While all the models above strived for accuracy in standardized tasks, others sought economy of computing resources; thus “MobileNet” (Sandler et al., 2019, *Preprint*) reduced the memory required through simplified filtering of multiple channels (“depth-wise convolutions”) and other changes, resulting in a model that can be run on smartphones. Some of these architectures were tested by Ríos et al. (2024) for their categorical classifiers without noticeable improvement over the models based on ResNet50. U-Net (Ronneberger et al., 2015, *Preprint*), the structure of choice for the semantic segmenter models developed by Ríos et al. (2024), is a convolutional device that makes radical use of skipping connections. It was introduced for the identification of cancer tissue in histopathology images and found to work well with small training sets. More recently, many of the structures mentioned above have been modified to make them fully convolutional (FCNs [Shelhamer et al., 2017]), thereby achieving flexibility in input dimensions.

### Programming CNNs

One might expect that programming these CNN models, with parameters in the tens or hundreds of millions, would be prohibitively difficult. However, the enormous cohorts of programmers and researchers, together with the culture of open code and support by Google, Microsoft, and other corporations, have generated a wealth of resources that make the technology accessible to anybody with some coding experience. (Said openness does not apply to large corporate models, such as those that support “generative AI,” in which numbers are greater by orders of magnitude (e.g., 1.7 × 10^{14} parameters for GPT-4, a current version of ChatGPT).

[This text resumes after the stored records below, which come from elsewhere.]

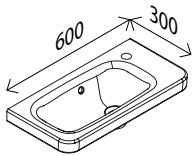

Spiegelement FARO*

BxHxT: 550 x 800 x 30 mm
mit integrierter LED-Beleuchtung, 11,8 W,
1645 Lumen, mit Schalter

27513765 **246,00 €**

LED-Spiegelement*

BxHxT: 450 x 730 x 27 mm
mit indirekter LED-Beleuchtung, LED-Beleuchtung
umlaufend, 670 Lumen, ohne Schalter

23014637 **169,00 €**

Keramik-Waschtisch

BxHxT: 600 x 50 x 300 mm
Farbe: Weiß, mit Überlaufloch,
nur mit Hahnlochbohrung rechts erhältlich

27557408 **158,00 €**

Keramik-Waschtisch, links

BxHxT: 455 x 105 x 320 mm
weiß, mit Hahnlochbohrung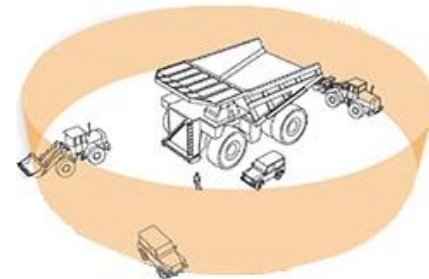

### Descriptif :

Smarteye est composé d'un écran et de 4 caméras grand-angle 187°, qui vous permet une vision à 360° !

Ménager votre dos et votre coup, avec Smarteye les angles morts ne vous résistent plus et les contrôles deviennent des jeux d'enfants.

La zone de vision du Smarteye est ajustable en adéquation avec le type et l'application du véhicule.

### Le plus !

Cet aménagement permet une vision globale du véhicule, ainsi qu'une vue aérienne en temps réel.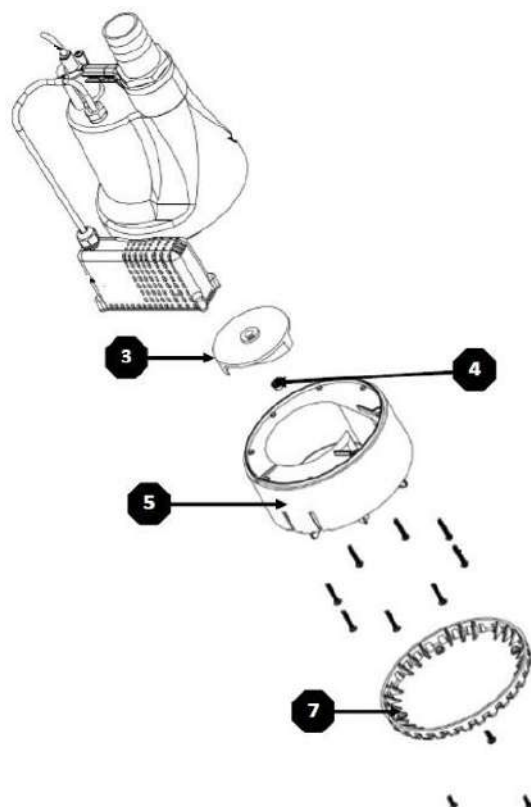

## TABLA DE REFACCIONES

POS#	REFACCIÓN	MAGNUS-47AE	CÓDIGO
2	Cable de alimentación	✓	CNCT-0103-0201-001
3	Adaptador de manguera	✓	ADP-0204-001
4	Empaque	✓	SM-0106-002
6	Impulsor	✓	IMP-0102-0104-002
8	Base de bomba	✓	CBASE-04-001
9	Colador	✓	CLDOR-04-001

## TABLA DE REFACCIONES

POS#	REFACCIÓN	MAGNUS-150AE	CÓDIGO
3	Impulsor	✓	IMP-0102-0104-001
4	Sello	✓	SM-0106-001
5	Voluta	✓	VOLUTA-04-001
7	Base de bomba	✓	BSBM-04-001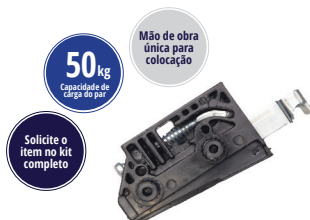

006.02.010 Suporte Pênsil Direito

006.02.011 Suporte Pênsil Esquerdo

Possibilidade de ajuste na altura e afastamento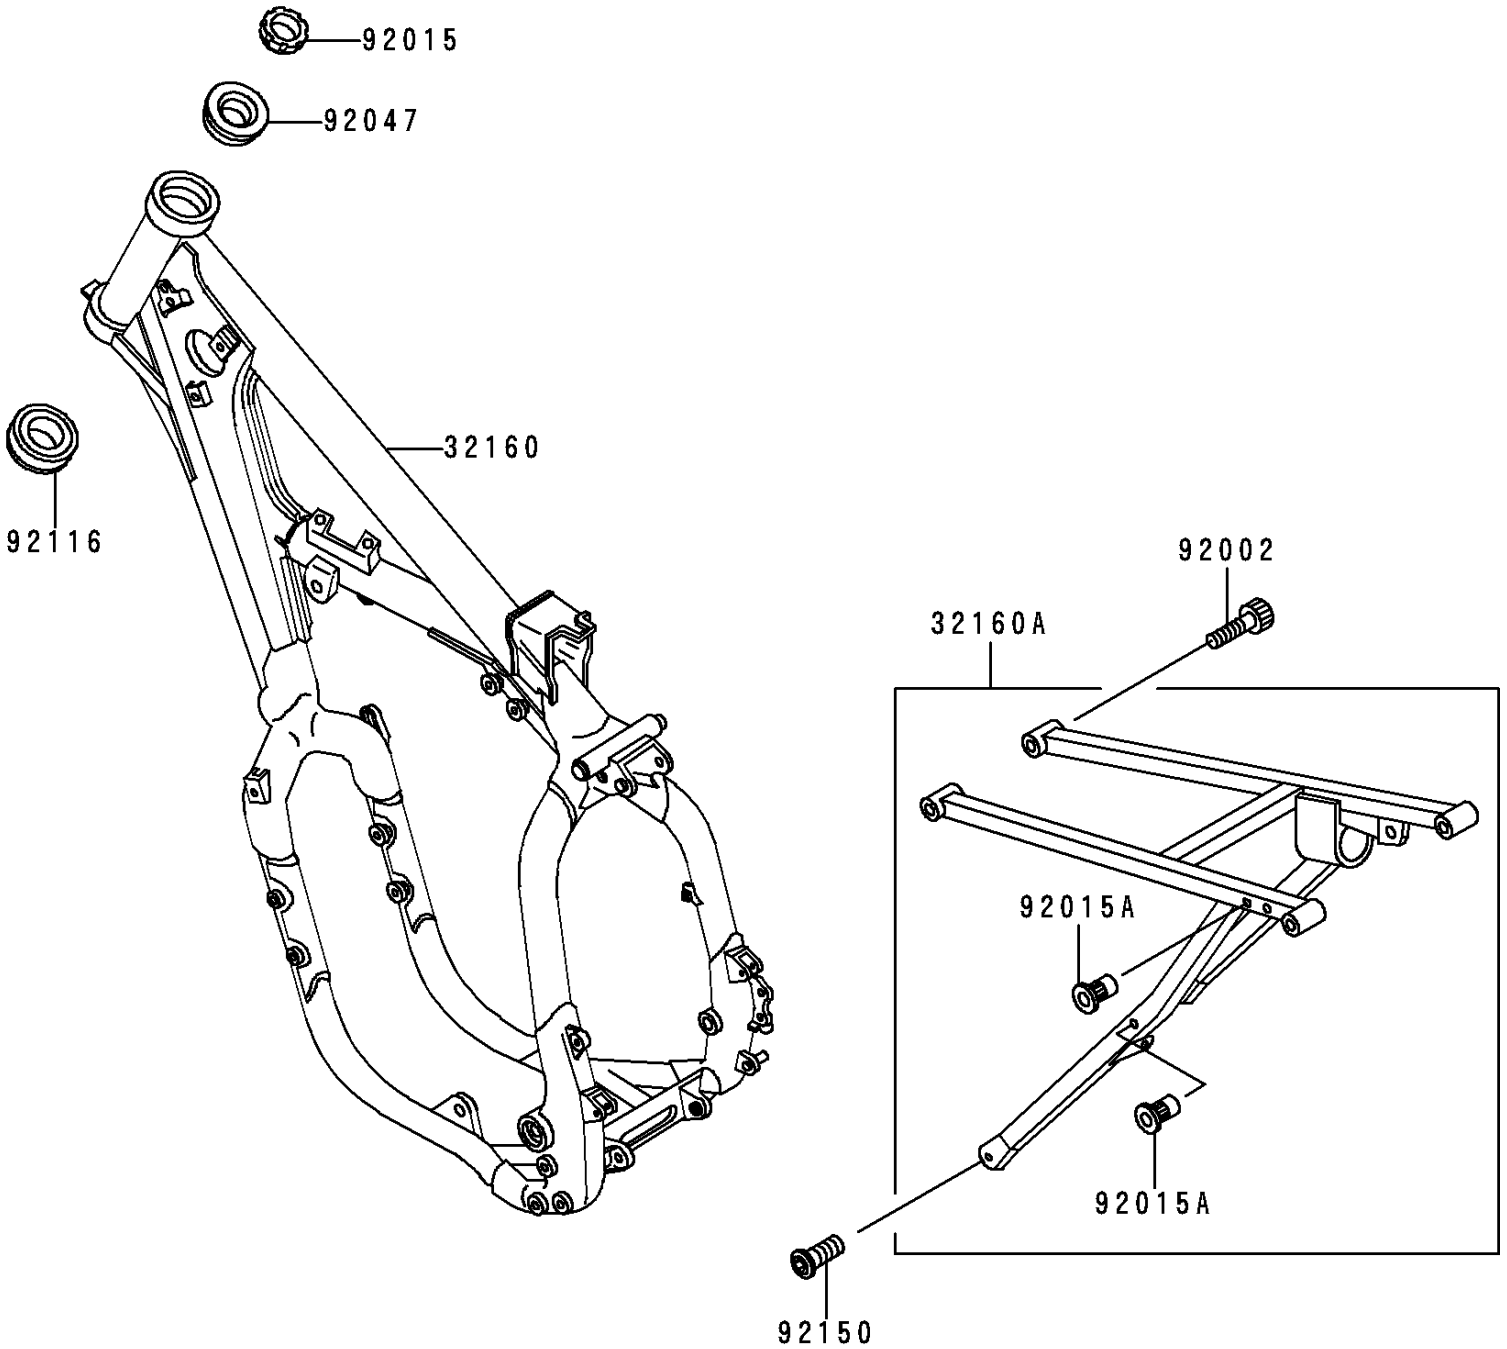

1995 KX500 PARTS DIAGRAM

Frame

F2120

1995 KX500 PARTS LIST

Frame

ITEM NAME	PART NUMBER	QUANTITY
FRAME-COMP,FR (Ref # 32160)	32160-1095	1
FRAME-COMP,AL,RR (Ref # 32160A)	32160-1170	1
BOLT,SOCKET,10X17 (Ref # 92002)	92002-1713	2
NUT,STEERING STEM,25MM (Ref # 92015)	92015-1684	1
NUT,POP,6MM,L=16.5 (Ref # 92015A)	92015-1792	8
RACE,ROLLER,32005JR RS (Ref # 92047)	92047-017	1
BEARING-ROLLER,LWR,32006JR RS (Ref # 92116)	92116-1008	1
BOLT,SOCKET,8X19 (Ref # 92150)	92150-1266	2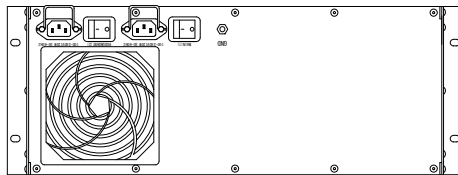

仕様

音声入出力	Compact Stage box 32/8+8	マイク/ライン入力 (XLR) : 32、ライン出力 (XLR) : 8、AES/EBU出力 (XLR) : 4 (8ch)
	Compact Stage box 32/16	マイク/ライン入力 (XLR) : 32、ライン出力 (XLR) : 16
デジタルI/O		MADI (RJ45またはSC) : 2 (MAIN、AUX)
寸法 (W×H×D)		482×178×363mm (除突起部)
質量		10kg

(単位 : mm)

※仕様及び外観は予告なく変更されることがあります。
また、同一商品でも若干の個体差があることがあります。ご了承ください。

NOTE			TITLE			
			Soundcraft ステージボックス Compact Stage box			
PAPER SIZE	SCALE	DATE	DESIGN	DRAWN	CHECK	DRAWING NO.
A4	1/8	'14. 01.		Ootake

The environment in which most ANNs for image processing are built and run is Python (Van Rossum and Drake, 2009) at version 3.11.4 at the time of this writing.

The programs that implement the various models perform the basic functions of numerical model fitting, plus others, necessary for handling massive data. Thus, they must input data (images), often reformat or “preprocess” those (for consistency and to comply with program features including recasting their size or pixel dimension, as well as normalizing to a certain numerical range of intensities), then initialize the parameter values, define the model structure, and implement the iterative fitting routines.

After the backpropagation techniques were systematized (LeCun et al., 1989), conventional fitting of models adopted as a standard in every iteration a forward propagation stage --the calculation of the estimate *ŷ* using the input features (*X*) and current parameter or weight values-- and a “backprop” stage, where derivatives of the loss and correction terms are calculated. These two steps, which move sequentially through the network layers in both directions, are followed in every iteration by a correction of parameters (“gradient descent” Eq. 2) and, at times, manual adjustments of hyperparameters. Because training and prediction are carried out on image sets often too large for computer memory, the sets are fed continuously through “pipelines” that contain images with minimal formatting (for economy of transfer). In these pipelines, images are fed in batches, typically of 32 or 64 members. Loss is calculated and differentiated for gradient descent as averages over these batches, which are input sequentially until the training set is used in full, to lead to a new set of parameter values. Then this set is applied to calculate *ŷ* and accuracy for the validation set, thus completing an iteration or “epoch.” Multiple iterations are performed until a satisfactory accuracy is achieved on the validation set.

#### Tensorflow

Tensorflow (Abadi et al., 2016, *Preprint*), is an open-source, free library of modules that perform or facilitate tasks for machine learning and AI. Developed in 2015 and maintained by Google, it is now in version 2. Originally developed as a Python library, it is currently not limited to that language. Basic information on its functions and installation can be found at https://www.tensorflow.org/overview.

#### Keras

Keras (https://keras.io) is also a library, dedicated to making the application of Tensorflow more user friendly. It claims to be “designed for human beings, not machines” (a “dig” on Tensorflow). The models described by Ríos et al. (2024) were built using Keras in a Tensorflow environment (a programming environment in which all Tensorflow utilities are available and invoked by simple calls).

### Two coding examples

In this nuts-and-bolts part of the tutorial, actual programs that accomplish a classification task are examined. The examples, taken from Ríos et al. (2024), are presented starting from the categorical classifiers, which are simpler, both to program and to train (as the needed labeling is also simpler). In the study cited, the categorical classifier approach found severe limitations, which led to the development of semantic segmenters that fully overcame the limitations. The reasons for the problems in the categorical approach were identified and will be described here as well, for an additional learning opportunity.

#### A categorical classifier

The approach to identifying locations in EM images, implemented in the “Locations” categorical classifier of Ríos et al. (2024), started with subdivision of the original images into sub-images, small enough to be contained fully in a single region (procedure illustrated with Fig. 7, reprinted from Ríos et al., 2024, Data S1). As detailed in the original article, the sub-images were small enough for most to be fully contained in one of the regions of interest, thus reducing the determination of location to a simple image classification task. Their small area also reduced the number of granules there to a maximum of 9 or 10, which simplified the task of the “Granules” classifier as well.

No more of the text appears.